Mariée à un imam, une guinéenne menacée d’expulsion en Belgique
Louabatou n’avait que 15 ans quand elle a dû fuir, s’exiler de la Guinée qui l’a vue naître. Son père, imam, venait de la marier de force à un autre imam âgé d’une soixantaine d’années. Mais grâce à l’aide de son frère, l’adolescente de l’époque a pu s’arracher à cette union marquée par la violence et les sévices et trouver refuge en Belgique.
Après quelques pérégrinations, elle est accueillie et soutenue par le CPAS de Frameries, et c’est aussi à Frameries, à l’Institut du Sacré-Cœur, qu’elle boucle ses études secondaires. Mais arrive alors la majorité et la nécessité d’obtenir le statut de réfugiée. Tout en entamant des études supérieures à la Faculté Warocqué d’économie et de gestion de l’UMons, elle introduit une demande de reconnaissance, qui est refusée à deux reprises.
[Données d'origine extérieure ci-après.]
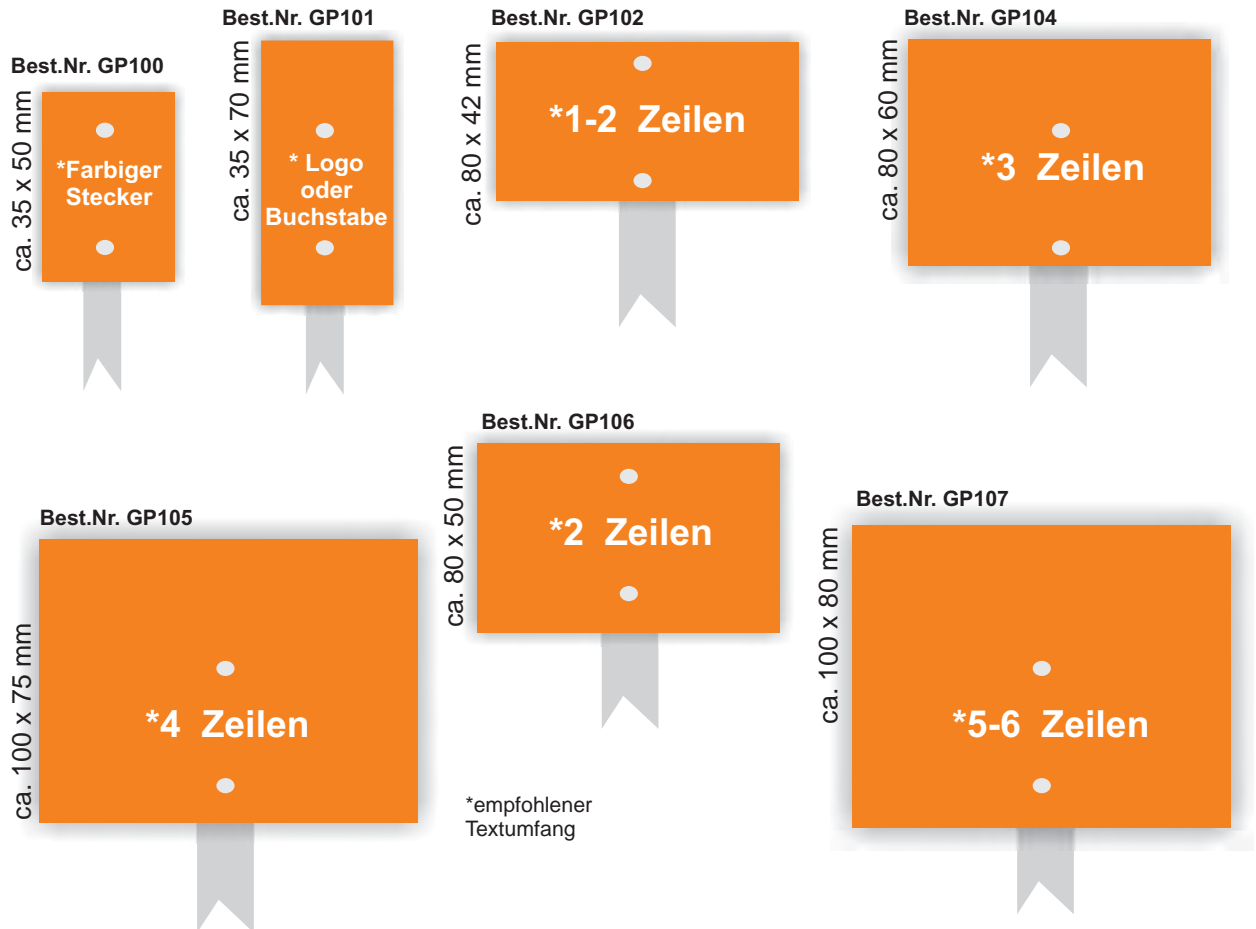

Grabpflegeschilder

Bei unseren Grabpflegeschildern können Sie aus einer großen Auswahl an verschiedensten haltbaren Materialien, Farben und Formen wählen. Egal ob Sie höchste Haltbarkeit oder individuelle Beschriftung mit Grabbezeichnungen wünschen, gerne helfen wir Ihnen bei der Umsetzung Ihrer Vorstellungen.

In unserem Angebot finden Sie auch unbeschriftete Schilder, welche Sie mit individuellen Aufklebern oder speziellen Stiften beschriften können.

Übersicht Standardgrößen rechteckig

Elle est donc accueillie au sein d’une famille montoise, chez Pierre Gillis, un professeur de l’UMons à la retraite, et Myriam Van Sinoy. « Son statut de réfugiée lui ayant été refusé, le CPAS de Frameries ne touchait plus d’indemnités de Fedasil. Louabatou s’est donc rendue au service social de l’UMons. Comme mon mari s’occupe depuis de nombreuses années de l’intégration de réfugiés, ce service l’a sollicité. Ils lui ont parlé de la situation délicate que vivait cette étudiante. Alors, on a dit : on a une grande maison, elle peut venir chez nous ! » confie Myriam Van Sinoy. « Elle vit donc avec nous depuis un an. Elle nous considère vraiment comme sa famille. »
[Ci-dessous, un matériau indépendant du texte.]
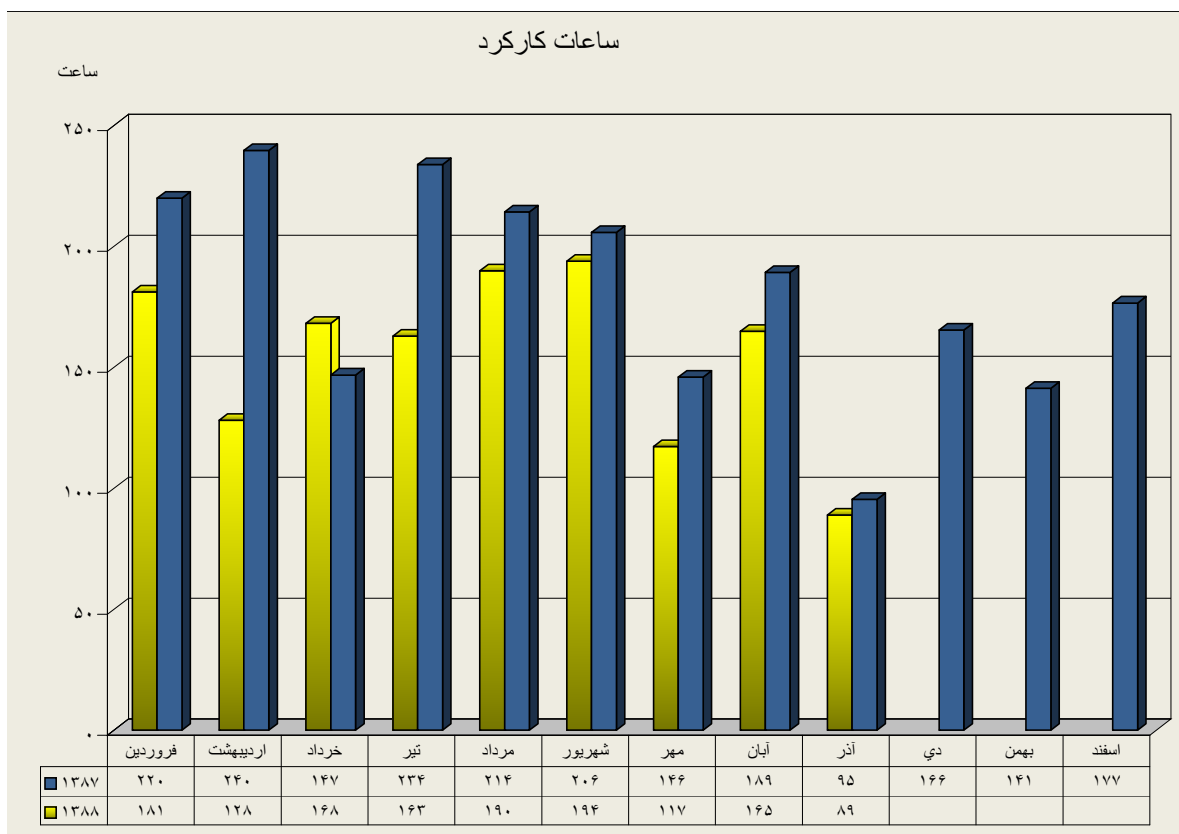

عملکرد دیپارتمان سنگ شکن

ارقام به تن

	فروردین	اردیبهشت	خرداد	تیر	مرداد	شهریور	مهر	آبان	آذر	دی	بهمن	اسفند
عملکرد ۸۷	۱۶۷۰۲۹۴	۱۷۵۰۲۰۲	۹۳۰۲۶۸	۱۷۶۰۳۸۳	۱۷۷۰۲۹۰	۱۶۴۰۶۹۵	۱۲۸۰۸۷۹	۱۵۶۰۲۰۲	۷۵۰۶۴۴۸	۱۴۴۰۱۵۹	۱۲۲۰۲۷۸	۱۶۵۰۹۰۹
عملکرد ۸۸	۱۴۶۰۴۶۲	۱۱۲۰۵۵۳	۱۵۵۰۹۲۸	۱۴۷۰۲۷۲	۱۵۲۰۸۲۰	۱۶۶۰۸۳۰	۹۶۰۱۹۴	۱۵۴۰۰۹۲	۹۰۰۲۹۶			

دیپارتمان سنگ شکن

عملکرد دیارتمان آسیای مواد خام

ارقام به تن

	فروردین	اردیبهشت	خرداد	تیر	مرداد	شهریور	مهر	آبان	آذر	دی	بهمن	اسفند
عملکرد ۸۷	۱۶۳۰۶۸۲	۱۵۷۰۶۸۲	۹۶۰۳۵۵	۱۶۰۰۵۴۳	۱۶۹۰۳۶۹	۱۶۴۰۸۹۵	۱۲۳۰۷۱۱	۱۵۶۰۷۵۲	۶۲۰۸۲۳	۱۵۴۰۷۲۲	۱۱۷۰۰۶۲	۱۵۲۰۸۰۸
عملکرد ۸۸	۱۴۳۰۳۱۷	۱۰۴۰۳۴۳	۱۵۱۰۱۹۶	۱۳۹۰۳۶۰	۱۳۹۰۹۹۱	۱۷۱۰۸۱۰	۸۵۰۳۷۱	۱۵۲۰۶۵۳	۸۹۰۱۷۹			

دیارتمان آسیای مواد خام

عملکرد دیپارتمان پخت

ارقام به تن

	فروردین	اردیبهشت	خرداد	تیر	مرداد	شهریور	مهر	آبان	آذر	دی	بهمن	اسفند
عملکرد ۸۷	۱۰۱,۶۴۲	۱۰۱,۳۴۳	۶۰,۷۶۳	۱۰۱,۵۱۴	۱۰۵,۳۱۶	۱۰۵,۴۹۴	۸۵,۴۲۵	۹۶,۹۶۹	۴۴,۸۸۰	۹۲,۵۱۰	۷۵,۸۸۷	۱۰۰,۹۱۱
عملکرد ۸۸	۹۰,۲۶۶	۶۲,۸۱۸	۹۲,۱۱۵	۹۰,۷۲۹	۹۶,۱۷۳	۱۰۰,۰۵۰	۶۲,۳۳۶	۹۱,۴۵۳	۵۷,۴۴۴			

دیپارتمان آسیاهای سیمان

دیارتان آسیای سیمان ۱

دیارتمان آسیای سیمان ۲

عملکرد بارگیرخانه پاکتی

ارقام به تن

راندمان بارگیرخانه پاکتی (میزان تحویل در هر ساعت)

تن در ساعت

Aujourd’hui cependant, le couple tire la sonnette d’alarme. Louabatou a vu sa demande de reconnaissance refusée pour la troisième fois. Et alors qu’elle était à l’office des étrangers, le jeudi 6 octobre, elle a été arrêtée. Elle est depuis détenue au centre fermé de Steenokkerzeel. Elle a été informée que sa demande de révision de la décision la concernant a été jugée irrecevable, non fondée.
Le Commissariat Général aux Réfugiés et aux Apatrides (CGRA) estime en effet que le récit raconté par Louabatou sur sa vie en Guinée manque de crédibilité. Le caractère forcé de son mariage a été remis en doute et des incohérences ont été pointées. Myriam Van Sinoy estime l’attitude du CGRA absurde. « Comme elle est la fille d’un wahabite, on lui a demandé de décrire ce qui distingue le wahabisme des autres mouvances, et on lui reproche de ne pas avoir donné d’éléments précis. Mais elle avait 15 ans à l’époque ! Elle était bien incapable de répondre. »
Son avocat a introduit un recours, sur base d’un article lié à la déclaration des droits de l’Homme. Parmi les arguments qu’il va mettre en avant, il y a aussi la bonne intégration de Louabatou en Belgique. « C’est une jeune femme très sociable et spontanée. Tous ses amis sont ici. Son souhait est de vivre et de travailler en Belgique. Ça serait un gâchis énorme de la renvoyer. Elle a des choses à apporter à notre pays, » précise Myriam Van Snoy.
Myriam et Pierre rendent autant qu’ils le peuvent visite à Louabatou au centre fermé et l’appellent chaque jour. Louabatou envisage la date du 27 octobre avec angoisse. Passée cette date, elle risque à tout moment d’être renvoyée en Guinée. Un retour au pays synonyme de nouvelles violences et d’une probable nouvelle excision. « Louabatou a très peur de retourner là-bas. Elle redoute la réaction de son père mais aussi celui avec qui elle a été mariée. Il a trouvé qu’elle n’avait pas été bien excisée quand elle était enfant. Elle n’aurait pas assez saigné lors du viol commis après le mariage forcé. Il réclame donc une nouvelle excision. »
Gageons pour Louabatou que le cri du cœur de ces Montois sera entendu.